▶ [What the task requires] Copy each line of the listing below exactly and drop the images.
- Opening Delimiter -
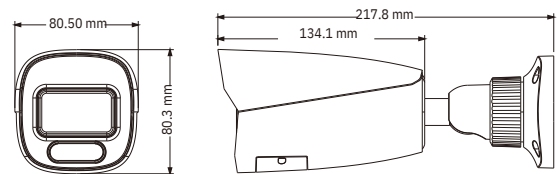

## 6MP Dual Illumination Water-proof Bullet Network Camera

- H.265+ /H.265 /H.264+ /H.264/MJPEG coding
- Max. resolution: 6MP ( 3200 × 1800)
- Auto day/night switch
- 3D DNR, HWDR, HLC, BLC, etc.
- ROI coding
- Support smart supplement light
- 30~40m white light view distance; 30~50m IR view distance
- DC12V/PoE power supply
- IP 67 ingress protection
- Support three streams
- Support remote monitoring by smart phones& tablet PCs with iOS and Android OS
- Support P2P function
- Support SMD
- Support line crossing detection, region intrusion detection, abandoned/missing object detection, video exception detection

Security	Video encryption, firmware encryption, configuration encryption, illegal login lock, IP address filtering, 802.1x authentication, basic and digest authentication for HTTP			
<b>DORI Distance</b>				
Lens	Detect	Observe	Recognize	Identify
2.8mm	69m(226ft)	28m(92ft)	14m(46ft)	7m(23ft)
3.6mm	105m(344ft)	42m(138ft)	21m(69ft)	10m(33ft)
2.8~12mm(W)	66m(218ft)	27m(87ft)	13m(44ft)	7m(23ft)
2.8~12mm(T)	204m(669ft)	82m(269ft)	41m(135ft)	20m(66ft)
Others				
<b>Power Supply</b>				
Power Consumption	DC12V/PoE			
Storage Conditions	<9.5W			
Operating Conditions	- 30 °C ~ 65 °C (-22°F~149°F), Humidity: less than 95 % (non-condensing)			
Dimensions ( mm )	217.8 × 80.5 × 80.3			
Weight ( net )	Approx. 0.68KG			
Installation	Ceiling mounting; wall mounting			
Certificate	CE, FCC			
Environmental Protection	Complies with Directive EU RoHS, WEEE(2012/19/EU) , directive 94/62/EC and REACH(EC1907/2006)			
SDK/API	Support			

### DIMENSIONS
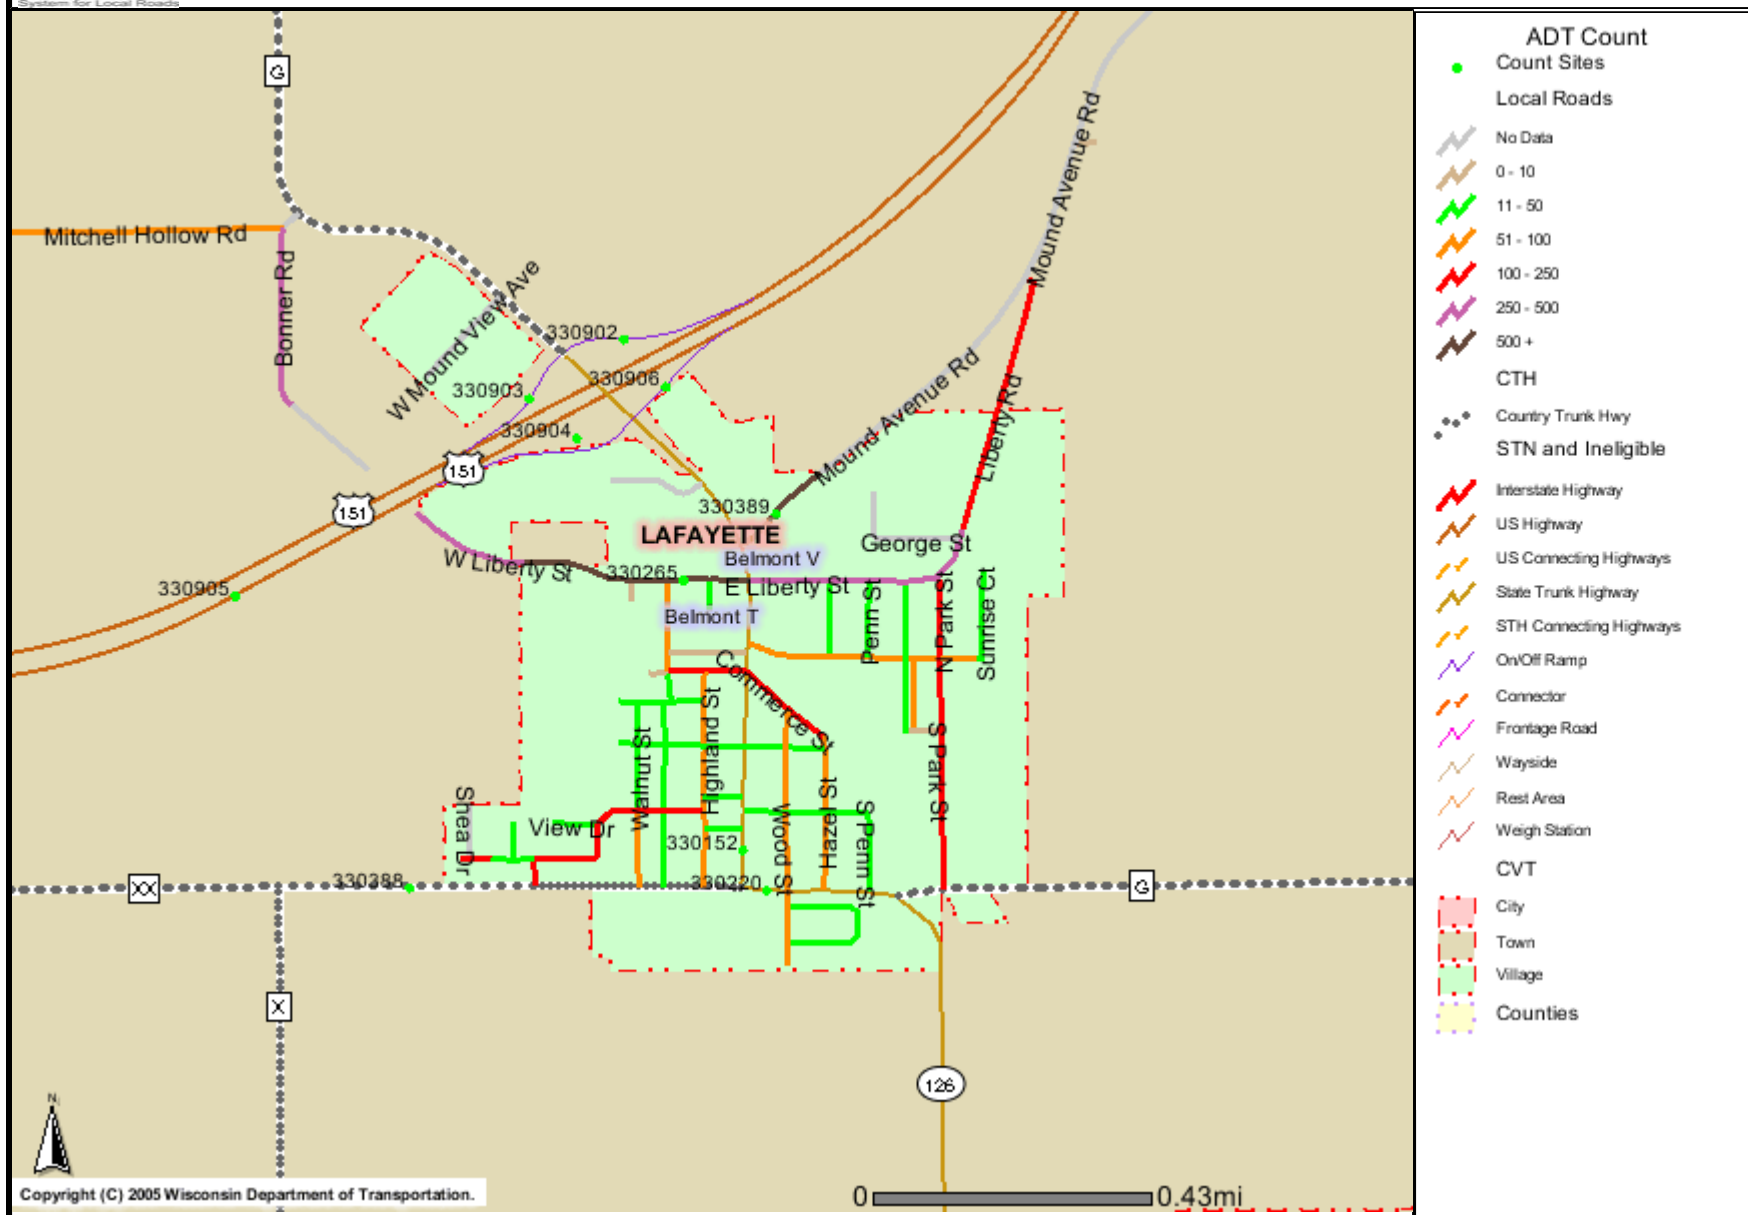

### Map 5.2B ADT Map for the Village of Belmont - Local

The information contained in this data set and information produced from this dataset were created for the official use of the Wisconsin Department of Transportation (WisDOT). Any other use while not prohibited, is the sole responsibility of the user. WisDOT expressly disclaims all liability regarding fitness of use of the information for other than official WisDOT business.
- Closing Delimiter -
▶ [Written solution]
## 6MP Dual Illumination Water-proof Bullet Network Camera

- H.265+ /H.265 /H.264+ /H.264/MJPEG coding
- Max. resolution: 6MP ( 3200 × 1800)
- Auto day/night switch
- 3D DNR, HWDR, HLC, BLC, etc.
- ROI coding
- Support smart supplement light
- 30~40m white light view distance; 30~50m IR view distance
- DC12V/PoE power supply
- IP 67 ingress protection
- Support three streams
- Support remote monitoring by smart phones& tablet PCs with iOS and Android OS
- Support P2P function
- Support SMD
- Support line crossing detection, region intrusion detection, abandoned/missing object detection, video exception detection

Security	Video encryption, firmware encryption, configuration encryption, illegal login lock, IP address filtering, 802.1x authentication, basic and digest authentication for HTTP			
<b>DORI Distance</b>				
Lens	Detect	Observe	Recognize	Identify
2.8mm	69m(226ft)	28m(92ft)	14m(46ft)	7m(23ft)
3.6mm	105m(344ft)	42m(138ft)	21m(69ft)	10m(33ft)
2.8~12mm(W)	66m(218ft)	27m(87ft)	13m(44ft)	7m(23ft)
2.8~12mm(T)	204m(669ft)	82m(269ft)	41m(135ft)	20m(66ft)
Others				
<b>Power Supply</b>				
Power Consumption	DC12V/PoE			
Storage Conditions	<9.5W			
Operating Conditions	- 30 °C ~ 65 °C (-22°F~149°F), Humidity: less than 95 % (non-condensing)			
Dimensions ( mm )	217.8 × 80.5 × 80.3			
Weight ( net )	Approx. 0.68KG			
Installation	Ceiling mounting; wall mounting			
Certificate	CE, FCC			
Environmental Protection	Complies with Directive EU RoHS, WEEE(2012/19/EU) , directive 94/62/EC and REACH(EC1907/2006)			
SDK/API	Support			

### DIMENSIONS

### Map 5.2B ADT Map for the Village of Belmont - Local

The information contained in this data set and information produced from this dataset were created for the official use of the Wisconsin Department of Transportation (WisDOT). Any other use while not prohibited, is the sole responsibility of the user. WisDOT expressly disclaims all liability regarding fitness of use of the information for other than official WisDOT business.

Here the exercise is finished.